» THE INPUT:
:::

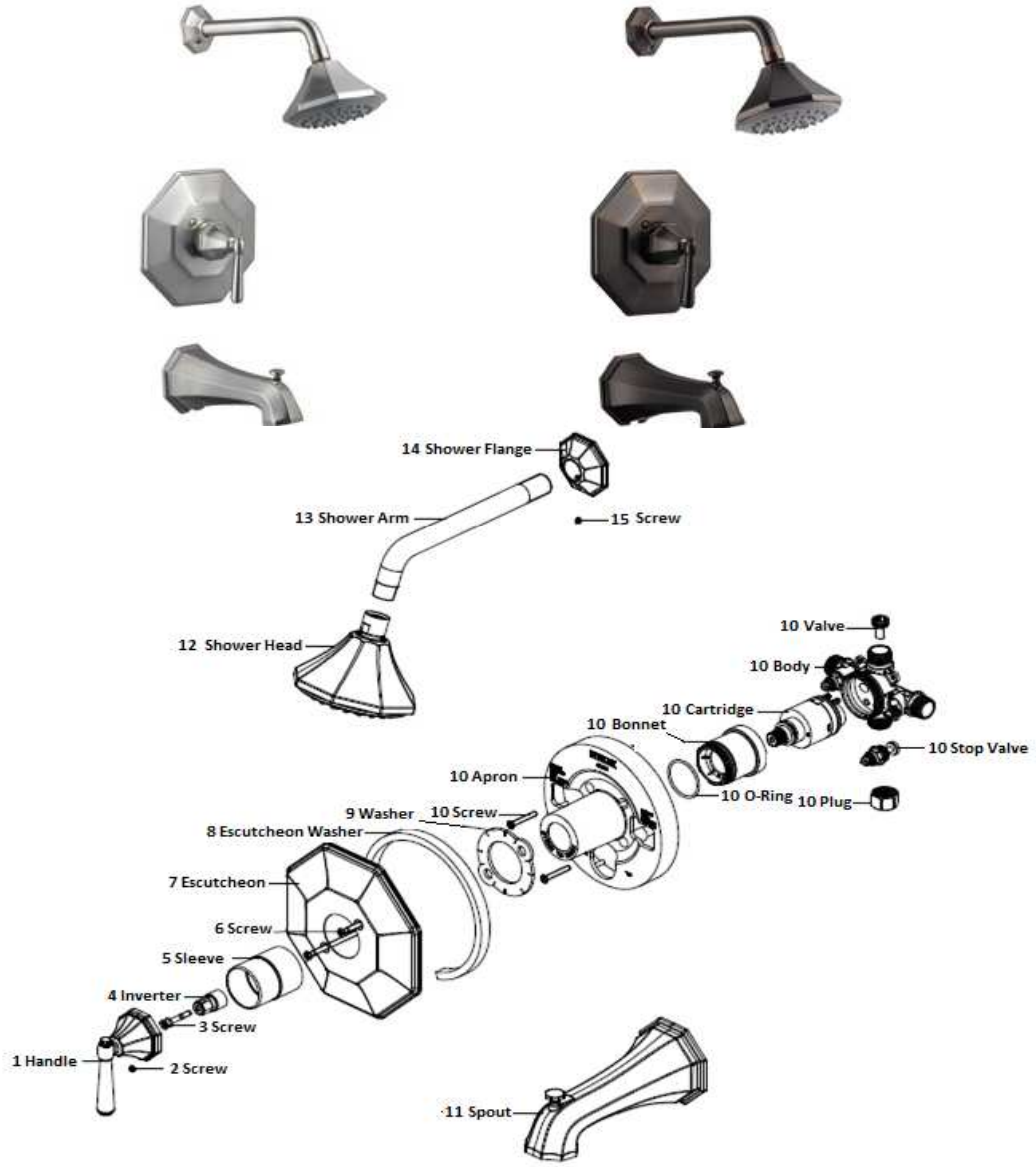

Geneva Tub & Shower . SPARE PARTS

524975 Satin Nickel 525592 Brushed Bronze

No.	Name	524975		525592	
		Order Code	List Price	Order Code	List Price
1	Handle				
2	Screw				
3	Screw				
4	Inverter				
5	Sleeve				
6	Screw				
7	Escutcheon				
8	Escutcheon Washer				
9	Washer				
10	Screw				
	Apron				
	Bonnet				
	O-Ring				
	Cartridge	907857	\$35.14	907857	\$35.14
	Stop Valve				
	Body				
Valve					
Plug	908095	\$3.47	908095	\$3.47	
11	Spout				
12	Shower Head				
13	Shower Arm				
14	Shower Flange				
15	Screw

:::

» WHAT IS EXPECTED: Each line in the records above should be reproduced exactly; images are not copied.

» FINISHED EXERCISE:
Geneva Tub & Shower . SPARE PARTS

524975 Satin Nickel 525592 Brushed Bronze

No.	Name	524975		525592	
		Order Code	List Price	Order Code	List Price
1	Handle				
2	Screw				
3	Screw				
4	Inverter				
5	Sleeve				
6	Screw				
7	Escutcheon				
8	Escutcheon Washer				
9	Washer				
10	Screw				
	Apron				
	Bonnet				
	O-Ring				
	Cartridge	907857	\$35.14	907857	\$35.14
	Stop Valve				
	Body				
Valve					
Plug	908095	\$3.47	908095	\$3.47	
11	Spout				
12	Shower Head				
13	Shower Arm				
14	Shower Flange				
15	Screw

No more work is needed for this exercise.